Дядя Эустакио приехал в Сан-Хуан и настоял на том, чтобы увезти тело Маргариты в Рио-Негро. Мы с Кинтином оплатили все расходы, связанные с похоронами. Я была безутешна. Дядя Эустакио доверил мне любимое существо, а я не смогла уберечь его дочь от смерти.

Кинтин

Все последние дни Исабель была очень ласкова с Кинтином. За ужином она стала говорить с ним о романе, который читала в те дни: «Опасные связи» Пьера Шодерло де Лакло. Она находила его необыкновенно интересным. Такой литературный прием, как переписка между мсье Вальмоном и мадам де Мертей, казался ей особенно эффектным. Персонажи общаются не напрямую, а через письма друг другу, через отголоски уже произошедших событий.

– Между процессом написания и процессом чтения создается текст, мир крутится, люди меняются, браки заключаются и распадаются. Человек, который дописывает последнюю страницу своей книги, совсем не тот, каким он был, когда начинал ее писать. Разве не в этом состоит природа писательства? – спросила Исабель Кинтина, чокаясь с ним бокалом. – Каждая строка есть послание, обращенное к читателю; значение написанного слова не полно до тех пор, пока кто-нибудь не прочтет его.

Итак, она знала, что ему известно о существовании рукописи! Она играла с ним в кошки-мышки, провоцируя его в открытую. Единственный выход для него – оставить все как есть, и попытаться выиграть партию, написав книгу лучше, чем она.

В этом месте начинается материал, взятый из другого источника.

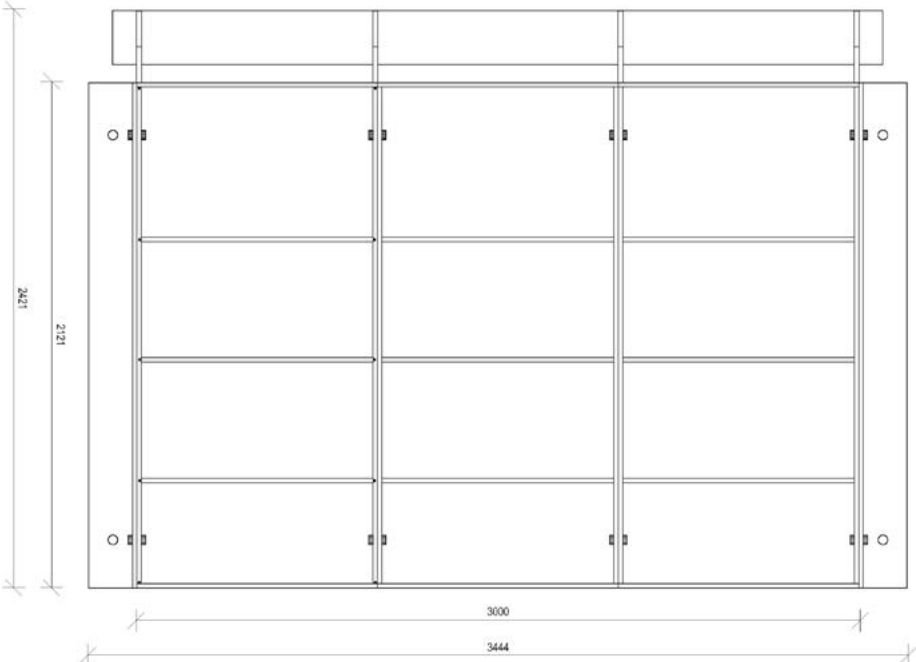

Naava Oasis 3 x 3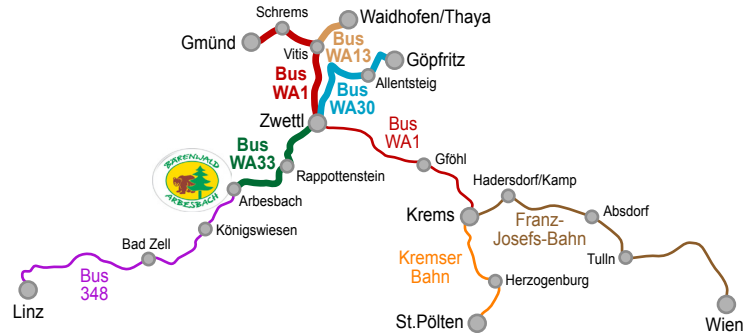

Mit den Öffis zum Bärenwald Arbesbach von Gmünd, Waidhofen/Thaya und Göpfritz

Fahrpläne ab 25. März 2019
gültig von Montag bis Freitag wenn Werktag

Hinfahrt aus Richtung Waidhofen/Thaya mit Bus WA13 (in Richtung Vitis)

Bus-Linie Fahrziel	WA13 Vitis
Waidhofen/Thaya Busbahnhof (Gymnasiumstraße)	08:05
Waidhofen/Thaya Thayapark	08:06
Waidhofen/Thaya Brunner Straße	08:07
Nonndorf bei Grünau	08:14
Eschenau Abzweigung	08:15
Grafenschlag	08:17
Vitis Hauptschule	08:20

Hinfahrt aus Richtung Göpfritz mit Bus WA30 (in Richtung Zwettl)

Bus-Linie Fahrziel	WA30 Zwettl
Göpfritz an der Wild Bahnhof (Vorplatz)	08:08
Allentsteig Wiener Straße	08:16
Allentsteig Dr.-Krenn-Straße	08:19
Zwinzen	08:21
Bernschlag Ort	08:24
Großkainraths Nr. 14	08:26
Echsenbach Am Spitz	08:28
Echsenbach Feuerwehr	08:29
Gerweis Kapelle	08:31
Hörmanns bei Zwettl Ortsmitte	08:34
Germanns bei Zwettl Ortsmitte	08:37
Gerotten Ortsmitte	08:42
Zwettl NÖ Kampparkplatz	08:51

Umsteigen in Zwettl in Bus WA30 in Richtung Göpfritz

Bus-Linie Fahrziel	WA30 Göpfritz	WA30 Göpfritz
Zwettl NÖ Kampmparkplatz	15:14	19:14
Geröten Ortsmitte	15:23	19:23
Germanns bei Zwettl Ortsmitte	15:28	19:28
Hörmanns bei Zwettl Ortsmitte	15:31	19:31
Gerweis Kapelle	15:34	19:34
Echsenbach Feuerwehr	15:37	19:37
Echsenbach Am Spitz	15:38	19:38
Großkainraths Nr.14	15:40	19:40
Bernschlag Ort	15:42	19:42
Zwinzen	15:45	19:45
Allentsteig Dr.-Krenn-Straße	15:48	19:48
Allentsteig Wiener Straße	15:51	19:51
Göpfritz an der Wild Bahnhof (Vorplatz)	15:59	19:59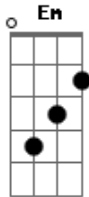

Jamelão - Quem Samba Fica

tom:

Intro: D D7 Em
Bb7 A7 D

D7 Em
Quem samba fica
A7 D
Quem não samba vai embora
D7 Em
Se é homem é meu senhor
A7 D
Se é mulher minha senhora
D7 Em A7
Vou prá Bahia vou ver
D D7
Vapor correr no mar

D7
Eh! Eh!
Em A7
No mar, eh! Eh!
D
No mar
D7 Em
Valha-me nossa senhora
A7 D
Ai, ai, ai, são Benedito

Acordes

© ukulele-chords.com

© ukulele-chords.com

© ukulele-chords.com

© ukulele-chords.com

© ukulele-chords.com

D7 Em
Veja só que bicho feio
A7 D
Pulando que nem cabrito

D7
Eh! Eh!
Em A7
No mar, eh! Eh!
D
No mar
D7 Em
Eu falei com um pai de santo
A7 D
Foi preciso me arrumar
D7 Em
Já acendi as doze velas
A7 D
E joguei flores no mar

– Литература действительно оказывает влияние не меньшее, чем реальная жизнь, – признал Кинтин, приступая к еде. – Но история – это совсем другое. Это тоже искусство, но оно основано на правде. Как свидетельство человеческих разногласий и человеческих усилий оно не имеет себе равных. Писатель может позволить себе написать неправду, историк – никогда. Литература ничего не в силах изменить, тогда как история меняла ход развития цивилизации. Вспомни, к примеру, об Александре Македонском. Он считал себя Ахиллесом, и он почти завоевал мир. Поэтому я уверен, что история гораздо важнее литературы.

Исабель сверлила его взглядом Монфортов, черным и твердым как кремень.

– Я абсолютно не согласна с тобой, Кинтин, – сказала она. – История основана на истине не больше, чем литература. Стоит историку выбрать какую- нибудь тему, он применяет к ней субъективные критерии, манипулируя фактами. Историк, так же как и писатель, смотрит на мир сквозь собственные очки и рассказывает о том, что хочет рассказать. Но это только одна сторона правды. Воображение, которое ты называешь неправдой, не менее реально, потому что открывает то, что не видно глазу. Наши тайные страсти, наши двойственные чувства, наши необъяснимые предпочтения – вот что такое истинная правда. Все это как раз и является темой для литературы. Но я знаю: ты никогда не согласишься со мной, поэтому давай лучше оставим этот спор.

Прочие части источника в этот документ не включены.